Likewise, the Court finds that claim 1 of the `705 Patent does not add any material to the abstract idea of receiving, processing, and transmitting data. The claim simply recites known, generic components such as a "wireless cellular network," a "server," and a "touch screen monitor," and applies the generic term "processing" without further specification to determine a resulting instruction. See Docket No. 7-2 at 30. See Alice Corp., 134 S.Ct. at 2351 (a claim that "recite[s] a handful of generic computer components configured to implement the [abstract] idea" is insufficient to transform an abstract idea into a patentable invention at step two); see also buySAFE, Inc. v. Google, Inc., 765 F.3d 1350, 1355 (Fed.Cir. 2014) ("[t]hat a computer receives and sends the information over a network — with no further specification — is not even arguably inventive").
The Court is not persuaded by Concaten's attempt to analogize its patents to the patents in Diehr or its argument that its patents "improve[ ] the existing technological process of allocating snow plow resources." See Docket No. 37 at 11-13. In Diehr, the Supreme Court considered the Section 101 eligibility of a claimed process for curing molded rubber articles that involved installing rubber in a press, closing a mold, constantly monitoring the temperature of the mold, constantly recalculating the appropriate cure time through the use of a well-known mathematical formula performed on a digital computer, and opening the press at the proper time. 450 U.S. at 187, 101 S.Ct. 1048. The Court noted that, prior to the claimed invention, the temperature inside the mold was an unknown variable which meant that the industry was not able to achieve uniformly accurate cures. Id. at 178, n. 4, 101 S.Ct. 1048. The Court held that the process did not seek patent protection of the mathematical formula, but rather of an inventive process of curing rubber.
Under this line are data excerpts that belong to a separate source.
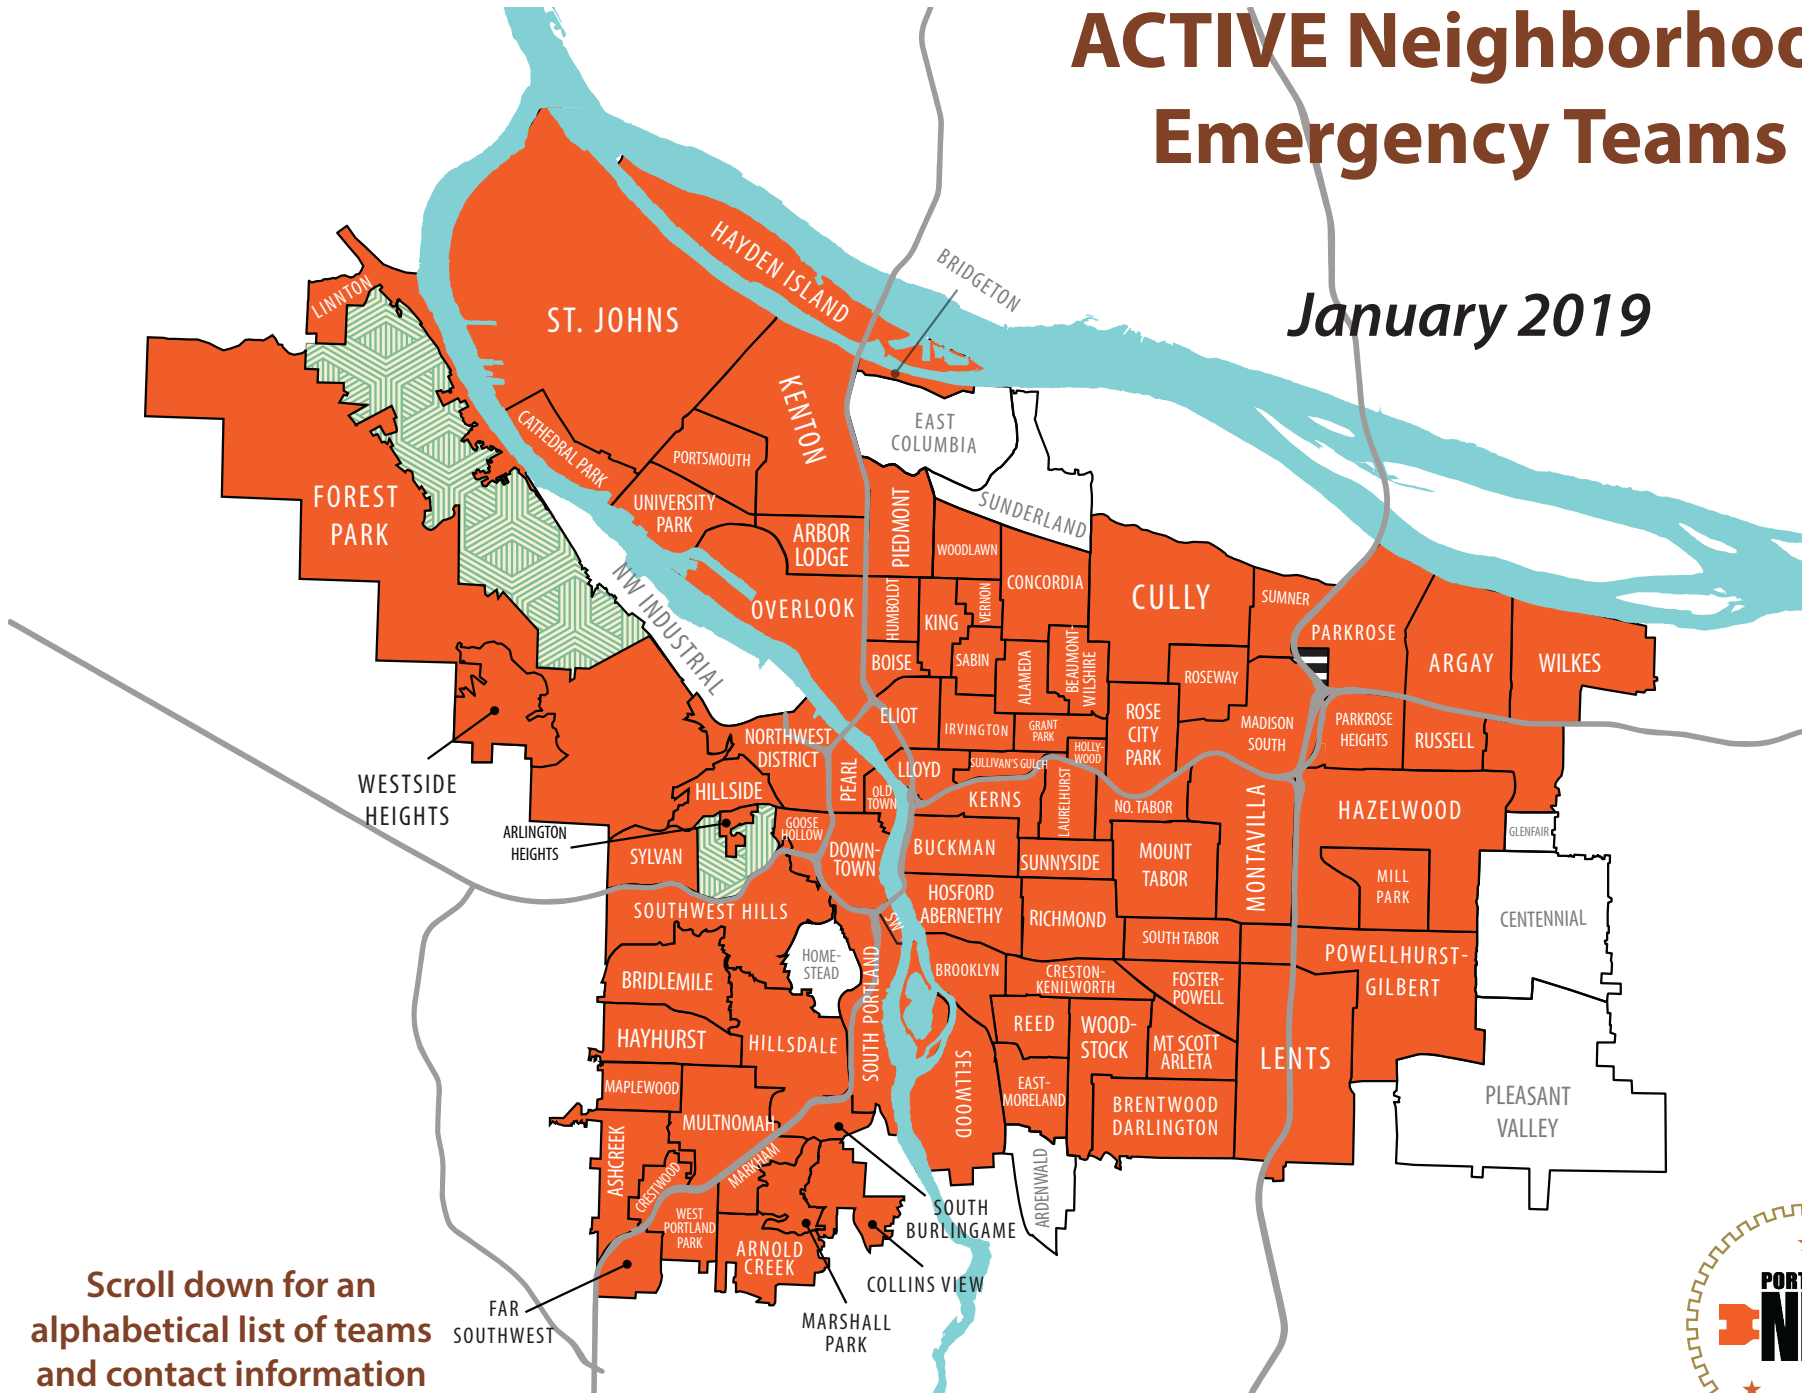

ACTIVE Neighborhood Emergency Teams

January 2019

Scroll down for an
alphabetical list of teams
and contact information

Neighborhood	Ops Plan	Team Contact	Email
<u>Alameda</u>		Constantine Bricca	conbricca@gmail.com
<u>Arbor Lodge</u>		Laura Hall	arborlodgeprepares@gmail.com
<u>Argay</u>		Kathy Reese	kathyreeseapnet@gmail.com
Arlington Heights		Lenka Jelinek	net@lenka.com
Arnold Creek		James Hensel Marcel Rodriguez	james@hensel.com
<u>Ashcreek</u>		Dave Manville	daville50@outlook.com
<u>Beaumont-Wilshire</u>		Constantine Bricca	conbricca@gmail.com
<u>Boise</u>		Linda Branch-Dasch	pdxboiseprepares@gmail.com
Bridlemile		Jamie Strohecker	stroheckerj@katewwdb.com
Bridgeton		Jan Roxburgh (rotates)	haydenislandnet@gmail.com
<u>Brooklyn</u>		Allan Cordova	sellwood.net@gmail.com
<u>Buckman</u>		Tanja Olson	tanjaolson@gmail.com
Cathedral Park		Chris Glanville	chris.glanville@gmail.com
<u>Collins View</u>		Bob Fischer	drbobfischeris@hotmail.com
<u>Concordia</u>		Amy Gard	concordiaNETs@gmail.com
<u>Creston-Kenilworth</u>		Jerian Abel John Legler	john.legler@gmail.com

Id. at 187, 101 S.Ct. 1048.
Concaten argues that, like the Diehr patent, its claims improve "the existing technological process of allocating snow plow resources." Docket No. 37 at 13. Concaten, however, has not pointed to any problem in the existing process that the industry had been unable to solve. Concaten points to a document titled "Design and Implementation of Automated Vehicle Location and Maintenance Decision Support System for the Minnesota Department of Transportation" that credits Concaten's system with improving its existing system of deploying snow plow resources. See Docket No. 37 at 12-13. But the fact that the patents-in-suit may have a useful implementation does not mean that they do not claim an abstract idea. If mere usefulness in an established field were the determining factor, the purpose of Section 101 would be eviscerated. Instead, the question to be resolved at Step Two is whether the patents-in-suit add anything to the abstract ideas of data collection and transmission. The Court finds that they do not, as any improvement to the process stems merely from taking a known abstract idea and applying it in the context of snow plow maintenance using generic, existing computer and networking technology.